(ABOUT THIS EXERCISE):
Could you count the lines below that include the word "RMLS" and give only the number?

(THE DATA):
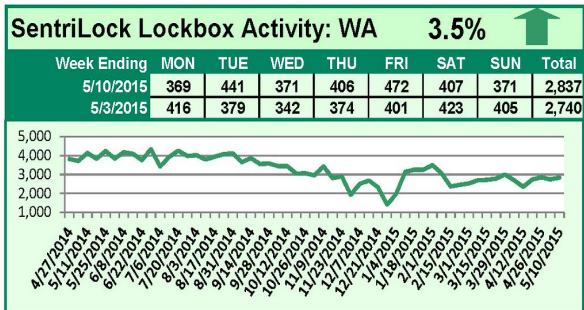

SentriLock Lockbox Activity May 4-10, 2015

This Week's Lockbox Activity

For the week of May 4-10, 2015, these charts show the number of times RMLS™ subscribers opened SentriLock lockboxes in Oregon and Washington. Activity in Oregon and Washington increased this week.

For a larger version of each chart, visit the RMLS™ photostream on Flickr.

(ANSWER BOX):
2